• Instructions for the task: Each line from the one that contains "Garment hanger will" to the last line of the records below must be restated word for word.

[Recorded data]
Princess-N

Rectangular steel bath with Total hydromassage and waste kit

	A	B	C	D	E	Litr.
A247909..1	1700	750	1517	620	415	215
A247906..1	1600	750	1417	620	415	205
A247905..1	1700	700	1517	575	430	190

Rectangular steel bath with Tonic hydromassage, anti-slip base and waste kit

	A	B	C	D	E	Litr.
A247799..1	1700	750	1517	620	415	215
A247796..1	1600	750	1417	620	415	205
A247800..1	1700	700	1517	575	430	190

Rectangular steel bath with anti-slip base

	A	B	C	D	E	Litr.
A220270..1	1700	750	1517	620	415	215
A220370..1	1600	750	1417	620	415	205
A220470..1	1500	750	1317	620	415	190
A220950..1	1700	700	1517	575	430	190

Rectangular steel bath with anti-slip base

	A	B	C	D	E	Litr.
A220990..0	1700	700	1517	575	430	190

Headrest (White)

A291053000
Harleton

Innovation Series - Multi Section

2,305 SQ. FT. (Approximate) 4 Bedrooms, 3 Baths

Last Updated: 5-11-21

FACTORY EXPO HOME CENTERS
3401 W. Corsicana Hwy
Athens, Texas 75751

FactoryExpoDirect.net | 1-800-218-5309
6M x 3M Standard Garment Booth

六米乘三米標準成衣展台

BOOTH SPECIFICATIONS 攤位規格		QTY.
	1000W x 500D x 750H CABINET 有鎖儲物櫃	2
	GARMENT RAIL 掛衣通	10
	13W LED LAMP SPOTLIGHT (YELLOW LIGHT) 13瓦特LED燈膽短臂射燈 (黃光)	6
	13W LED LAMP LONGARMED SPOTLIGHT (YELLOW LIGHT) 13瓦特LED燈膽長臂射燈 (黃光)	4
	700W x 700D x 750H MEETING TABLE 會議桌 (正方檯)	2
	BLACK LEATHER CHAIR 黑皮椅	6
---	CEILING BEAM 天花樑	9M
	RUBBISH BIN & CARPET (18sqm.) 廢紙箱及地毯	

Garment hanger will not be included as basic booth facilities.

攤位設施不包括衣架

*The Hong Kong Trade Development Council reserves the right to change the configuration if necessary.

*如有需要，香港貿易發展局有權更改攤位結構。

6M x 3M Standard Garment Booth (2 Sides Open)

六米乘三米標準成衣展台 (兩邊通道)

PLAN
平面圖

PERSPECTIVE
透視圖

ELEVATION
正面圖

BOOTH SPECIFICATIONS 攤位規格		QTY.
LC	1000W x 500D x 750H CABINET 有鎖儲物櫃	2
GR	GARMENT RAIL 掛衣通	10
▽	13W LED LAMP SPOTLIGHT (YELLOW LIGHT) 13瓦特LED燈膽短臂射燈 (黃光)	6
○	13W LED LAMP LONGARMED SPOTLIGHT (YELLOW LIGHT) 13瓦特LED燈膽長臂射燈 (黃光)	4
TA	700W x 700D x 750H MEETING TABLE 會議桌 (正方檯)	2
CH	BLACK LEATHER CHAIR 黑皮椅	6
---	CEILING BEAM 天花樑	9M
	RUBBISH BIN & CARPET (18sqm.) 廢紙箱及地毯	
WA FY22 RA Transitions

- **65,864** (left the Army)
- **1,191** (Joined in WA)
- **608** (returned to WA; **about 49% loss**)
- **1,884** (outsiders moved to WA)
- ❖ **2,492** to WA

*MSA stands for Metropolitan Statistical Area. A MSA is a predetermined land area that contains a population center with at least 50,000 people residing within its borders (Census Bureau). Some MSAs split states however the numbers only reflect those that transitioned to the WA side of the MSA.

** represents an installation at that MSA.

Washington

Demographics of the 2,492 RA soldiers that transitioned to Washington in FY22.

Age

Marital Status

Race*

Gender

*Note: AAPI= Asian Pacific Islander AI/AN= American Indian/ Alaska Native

• Task answer:
Garment hanger will not be included as basic booth facilities.

攤位設施不包括衣架

*The Hong Kong Trade Development Council reserves the right to change the configuration if necessary.

*如有需要，香港貿易發展局有權更改攤位結構。

6M x 3M Standard Garment Booth (2 Sides Open)

六米乘三米標準成衣展台 (兩邊通道)

PLAN
平面圖

PERSPECTIVE
透視圖

ELEVATION
正面圖

BOOTH SPECIFICATIONS 攤位規格		QTY.
LC	1000W x 500D x 750H CABINET 有鎖儲物櫃	2
GR	GARMENT RAIL 掛衣通	10
▽	13W LED LAMP SPOTLIGHT (YELLOW LIGHT) 13瓦特LED燈膽短臂射燈 (黃光)	6
○	13W LED LAMP LONGARMED SPOTLIGHT (YELLOW LIGHT) 13瓦特LED燈膽長臂射燈 (黃光)	4
TA	700W x 700D x 750H MEETING TABLE 會議桌 (正方檯)	2
CH	BLACK LEATHER CHAIR 黑皮椅	6
---	CEILING BEAM 天花樑	9M
	RUBBISH BIN & CARPET (18sqm.) 廢紙箱及地毯	
WA FY22 RA Transitions

- **65,864** (left the Army)
- **1,191** (Joined in WA)
- **608** (returned to WA; **about 49% loss**)
- **1,884** (outsiders moved to WA)
- ❖ **2,492** to WA

*MSA stands for Metropolitan Statistical Area. A MSA is a predetermined land area that contains a population center with at least 50,000 people residing within its borders (Census Bureau). Some MSAs split states however the numbers only reflect those that transitioned to the WA side of the MSA.

** represents an installation at that MSA.

Washington

Demographics of the 2,492 RA soldiers that transitioned to Washington in FY22.

Age

Marital Status

Race*

Gender

*Note: AAPI= Asian Pacific Islander AI/AN= American Indian/ Alaska Native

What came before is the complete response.